Z kochaną Rose.
Cześć. Dzisiejszy kac to jakaś porażka. Ale byłam tak zmęczona tym tygodniem szkoły, że musiałam się wyluzować przy alko i zapomnieć o wszystkim. Jak się pije, to jest najlepiej, ale na drugi dzień już nie jest tak fajnie.. Chodzę dziś nie jak człowiek, tylko jak cień człowieka.
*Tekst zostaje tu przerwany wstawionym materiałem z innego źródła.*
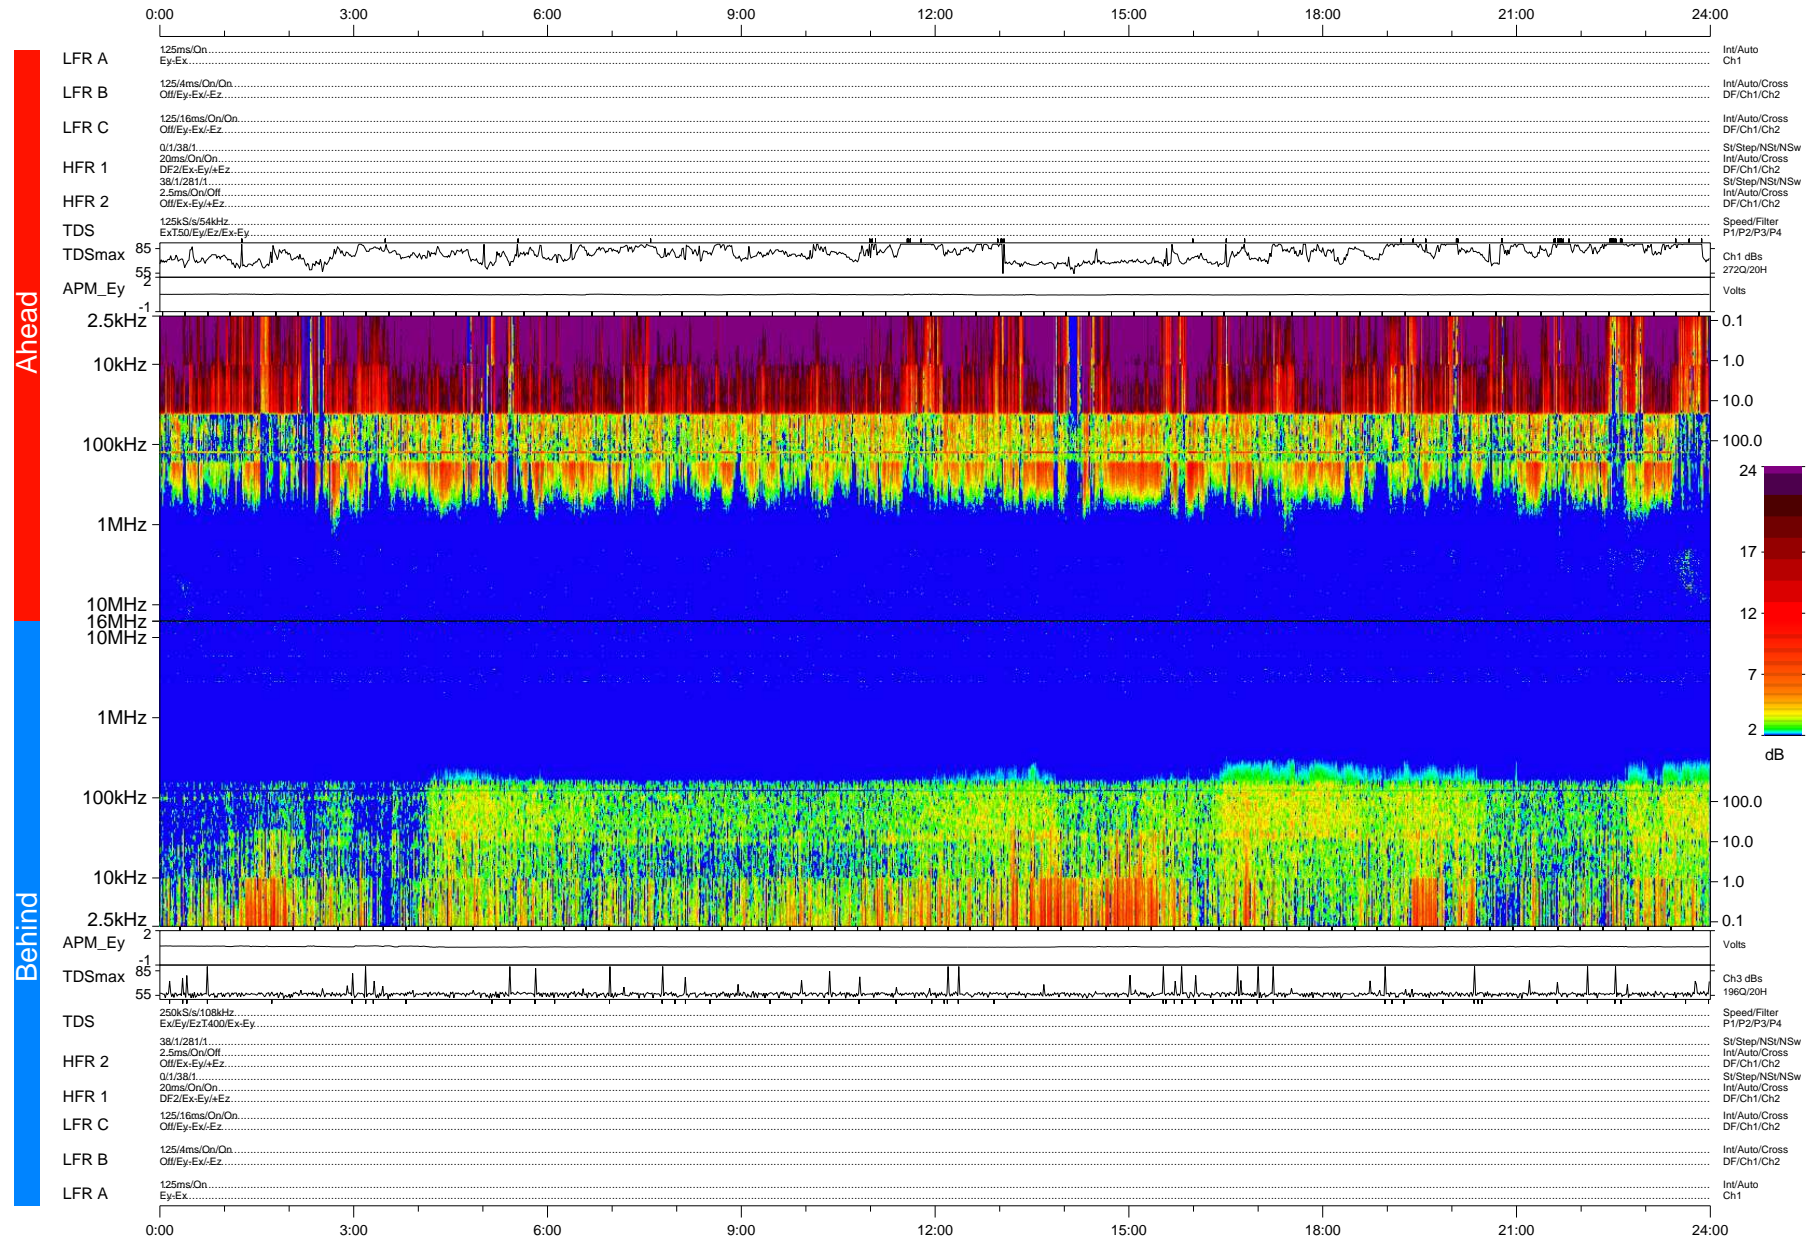

STEREO/WAVES Daily Summary - 08-Mar-2009 (DOY 067)

Ahead source file: swaves_ahead_2009_067_1_04.fin (Recovery: 100.0% HK, 105% Pkts)
 Ahead PSE Angle: 44.2°

DPU up 46.1d, V406d6

Behind PSE Angle: -47.6°
 Behind source file: swaves_behind_2009_067_1_04.fin (Recovery: 100.0% HK, 94% Pkts)

Time (UTC)

file: stereo_swaves_daily-summary_color-status_20090308_v04 DPU up 340.1d, V406d11
 made by: space.umn.edu on macOS with IDL 8.8.2 on 2022-10-17 04:01:16, with TMLib V945 / dynspec V311

Dziewczyny zresztą też. Dziś od rana siedzimy u Victorii i jesteśmy tu nadal, odrabiałyśmy razem lekcje, gotowałyśmy, oglądałyśmy filmy, plotkowałyśmy i tak dalej.. Niestety nie jesteśmy wszystkie na tych samych lekcjach.. W każdym roku mamy 7 lekcji, i teraz chodzę z nimi tylko na 3 gdzie wszystkie jesteśmy razem (oprócz Angeliny oczywiście, bo ona się nie liczy już). Ale gdy nie ma przy mnie moich 4 wariatek, też sobie jakoś radzę, nie jest źle. Jestem towarzyską osobą, więc z tym nie mam problemów :)
Dziś nie idziemy na imprezę, nie chce nam się. Wydaje mi się że każda z nas trochę za dużo wczoraj wypiła, i dziś już nie dajemy rady. Ale przecież zawsze można się zabawić też w środku tygodnia, prawda? Dla mnie szkoła nie jest żadną przeszkodą, hahah. A tymczasem ja spadam, bo chyba idziemy z dziewczynami na ten ogromny tor gdzie wszyscy jeżdżą motorami. Oczywiście żadnego alkoholu! :D Chcemy tylko jakoś dobrze spędzić sobotni wieczór, w dobrym towarzystwie. No to do napisania kochani.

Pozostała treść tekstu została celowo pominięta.